ASSIGNMENT :: Given the material below, output exactly the lines from the line with "26 361 LS0 RAINSHOWER" to the line with "- limitare opțională", both ends included, and no other lines.

THE DATA ::
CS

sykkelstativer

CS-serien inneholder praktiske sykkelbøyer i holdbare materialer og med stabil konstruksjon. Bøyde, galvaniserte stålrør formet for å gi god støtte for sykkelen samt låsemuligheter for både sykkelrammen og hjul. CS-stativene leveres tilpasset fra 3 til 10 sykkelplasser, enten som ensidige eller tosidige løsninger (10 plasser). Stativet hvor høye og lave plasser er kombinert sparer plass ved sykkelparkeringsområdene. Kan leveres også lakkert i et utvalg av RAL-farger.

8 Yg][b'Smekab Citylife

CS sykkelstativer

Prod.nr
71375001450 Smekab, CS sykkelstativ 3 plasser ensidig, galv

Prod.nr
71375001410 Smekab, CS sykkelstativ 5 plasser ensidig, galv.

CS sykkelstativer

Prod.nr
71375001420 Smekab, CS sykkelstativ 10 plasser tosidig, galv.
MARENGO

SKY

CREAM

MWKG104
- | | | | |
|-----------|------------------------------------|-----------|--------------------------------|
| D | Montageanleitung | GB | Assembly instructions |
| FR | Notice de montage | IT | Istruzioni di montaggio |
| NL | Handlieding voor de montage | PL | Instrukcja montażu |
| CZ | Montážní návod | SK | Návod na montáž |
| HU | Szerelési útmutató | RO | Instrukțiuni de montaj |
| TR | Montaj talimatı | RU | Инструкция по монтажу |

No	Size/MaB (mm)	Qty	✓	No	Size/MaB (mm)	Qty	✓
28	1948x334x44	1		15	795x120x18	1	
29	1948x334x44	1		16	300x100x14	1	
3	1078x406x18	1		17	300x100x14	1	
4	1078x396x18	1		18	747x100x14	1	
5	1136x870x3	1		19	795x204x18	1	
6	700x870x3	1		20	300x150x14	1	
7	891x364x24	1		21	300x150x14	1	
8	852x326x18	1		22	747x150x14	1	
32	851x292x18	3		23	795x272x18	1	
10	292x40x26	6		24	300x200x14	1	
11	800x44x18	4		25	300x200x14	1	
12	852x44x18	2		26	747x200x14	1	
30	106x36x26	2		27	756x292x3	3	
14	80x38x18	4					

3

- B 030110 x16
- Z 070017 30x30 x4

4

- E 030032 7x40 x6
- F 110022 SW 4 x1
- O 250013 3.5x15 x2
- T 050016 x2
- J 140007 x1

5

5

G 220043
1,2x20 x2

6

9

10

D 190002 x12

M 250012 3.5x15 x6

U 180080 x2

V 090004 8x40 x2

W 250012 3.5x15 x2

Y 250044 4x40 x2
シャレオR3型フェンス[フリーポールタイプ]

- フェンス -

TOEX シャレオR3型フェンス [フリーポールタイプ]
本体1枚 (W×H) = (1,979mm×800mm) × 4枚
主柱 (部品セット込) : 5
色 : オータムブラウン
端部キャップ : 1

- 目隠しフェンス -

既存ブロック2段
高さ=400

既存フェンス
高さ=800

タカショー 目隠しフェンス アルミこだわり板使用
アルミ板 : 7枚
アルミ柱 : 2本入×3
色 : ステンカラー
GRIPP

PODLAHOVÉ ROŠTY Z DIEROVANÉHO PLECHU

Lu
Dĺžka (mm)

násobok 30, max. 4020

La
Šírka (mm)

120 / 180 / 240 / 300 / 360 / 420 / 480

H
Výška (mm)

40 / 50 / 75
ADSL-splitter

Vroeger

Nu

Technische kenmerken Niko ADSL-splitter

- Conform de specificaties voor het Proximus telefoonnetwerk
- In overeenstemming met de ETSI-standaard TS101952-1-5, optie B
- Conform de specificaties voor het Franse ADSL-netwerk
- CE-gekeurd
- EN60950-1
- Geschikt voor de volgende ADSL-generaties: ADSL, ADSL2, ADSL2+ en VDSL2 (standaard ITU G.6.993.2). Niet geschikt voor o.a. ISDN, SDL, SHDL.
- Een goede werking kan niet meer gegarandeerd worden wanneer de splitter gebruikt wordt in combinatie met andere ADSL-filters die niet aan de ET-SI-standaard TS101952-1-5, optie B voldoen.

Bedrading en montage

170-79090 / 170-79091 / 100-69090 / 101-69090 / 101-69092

--

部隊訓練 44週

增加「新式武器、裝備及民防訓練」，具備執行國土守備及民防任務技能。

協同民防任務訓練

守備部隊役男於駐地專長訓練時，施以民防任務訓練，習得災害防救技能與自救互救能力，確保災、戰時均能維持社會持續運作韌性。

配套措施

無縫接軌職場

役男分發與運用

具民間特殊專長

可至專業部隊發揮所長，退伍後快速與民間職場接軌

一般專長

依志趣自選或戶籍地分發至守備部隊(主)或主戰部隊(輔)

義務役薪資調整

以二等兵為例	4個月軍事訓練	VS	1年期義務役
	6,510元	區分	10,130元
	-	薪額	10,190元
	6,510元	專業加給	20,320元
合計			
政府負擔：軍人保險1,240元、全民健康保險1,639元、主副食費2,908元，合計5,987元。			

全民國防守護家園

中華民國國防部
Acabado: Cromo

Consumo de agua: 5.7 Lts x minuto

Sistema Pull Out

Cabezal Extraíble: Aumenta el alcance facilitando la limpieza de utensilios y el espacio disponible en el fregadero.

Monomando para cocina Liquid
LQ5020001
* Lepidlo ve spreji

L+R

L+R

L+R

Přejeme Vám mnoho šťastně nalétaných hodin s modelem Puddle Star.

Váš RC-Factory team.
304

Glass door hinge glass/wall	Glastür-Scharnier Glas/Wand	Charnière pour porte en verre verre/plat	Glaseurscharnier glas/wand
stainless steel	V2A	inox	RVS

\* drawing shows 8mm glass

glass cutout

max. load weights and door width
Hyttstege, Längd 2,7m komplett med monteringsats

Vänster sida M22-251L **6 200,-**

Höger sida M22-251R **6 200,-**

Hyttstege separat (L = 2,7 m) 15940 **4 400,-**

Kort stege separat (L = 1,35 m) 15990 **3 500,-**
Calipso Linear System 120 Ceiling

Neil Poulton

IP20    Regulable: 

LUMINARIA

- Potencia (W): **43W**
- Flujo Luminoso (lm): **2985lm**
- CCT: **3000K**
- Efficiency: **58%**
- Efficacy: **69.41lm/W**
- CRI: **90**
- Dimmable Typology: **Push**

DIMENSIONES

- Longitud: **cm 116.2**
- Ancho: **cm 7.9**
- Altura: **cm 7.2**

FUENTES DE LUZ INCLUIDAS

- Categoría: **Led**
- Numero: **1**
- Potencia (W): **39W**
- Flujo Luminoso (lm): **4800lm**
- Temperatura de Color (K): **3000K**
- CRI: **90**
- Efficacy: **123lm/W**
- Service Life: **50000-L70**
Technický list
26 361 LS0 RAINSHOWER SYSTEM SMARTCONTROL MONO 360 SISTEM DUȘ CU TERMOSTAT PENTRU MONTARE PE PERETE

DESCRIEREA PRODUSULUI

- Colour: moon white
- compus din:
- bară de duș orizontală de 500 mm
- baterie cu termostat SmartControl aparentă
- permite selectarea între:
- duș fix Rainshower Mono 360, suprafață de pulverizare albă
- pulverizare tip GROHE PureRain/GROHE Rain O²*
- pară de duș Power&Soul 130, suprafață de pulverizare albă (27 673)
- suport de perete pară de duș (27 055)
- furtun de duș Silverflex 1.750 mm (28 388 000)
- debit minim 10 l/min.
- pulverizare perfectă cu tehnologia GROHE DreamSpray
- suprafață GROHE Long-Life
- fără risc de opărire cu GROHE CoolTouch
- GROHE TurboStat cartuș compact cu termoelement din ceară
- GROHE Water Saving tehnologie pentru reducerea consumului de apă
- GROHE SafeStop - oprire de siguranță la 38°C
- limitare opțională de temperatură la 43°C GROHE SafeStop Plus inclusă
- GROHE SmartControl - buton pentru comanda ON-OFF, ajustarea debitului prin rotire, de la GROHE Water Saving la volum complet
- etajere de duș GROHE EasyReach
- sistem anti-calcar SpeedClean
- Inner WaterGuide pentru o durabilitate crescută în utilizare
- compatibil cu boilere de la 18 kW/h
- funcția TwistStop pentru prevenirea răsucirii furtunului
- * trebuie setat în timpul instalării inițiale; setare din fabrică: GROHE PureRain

REPLY TO THE TASK ::
26 361 LS0 RAINSHOWER SYSTEM SMARTCONTROL MONO 360 SISTEM DUȘ CU TERMOSTAT PENTRU MONTARE PE PERETE

DESCRIEREA PRODUSULUI

- Colour: moon white
- compus din:
- bară de duș orizontală de 500 mm
- baterie cu termostat SmartControl aparentă
- permite selectarea între:
- duș fix Rainshower Mono 360, suprafață de pulverizare albă
- pulverizare tip GROHE PureRain/GROHE Rain O²*
- pară de duș Power&Soul 130, suprafață de pulverizare albă (27 673)
- suport de perete pară de duș (27 055)
- furtun de duș Silverflex 1.750 mm (28 388 000)
- debit minim 10 l/min.
- pulverizare perfectă cu tehnologia GROHE DreamSpray
- suprafață GROHE Long-Life
- fără risc de opărire cu GROHE CoolTouch
- GROHE TurboStat cartuș compact cu termoelement din ceară
- GROHE Water Saving tehnologie pentru reducerea consumului de apă
- GROHE SafeStop - oprire de siguranță la 38°C
- limitare opțională de temperatură la 43°C GROHE SafeStop Plus inclusă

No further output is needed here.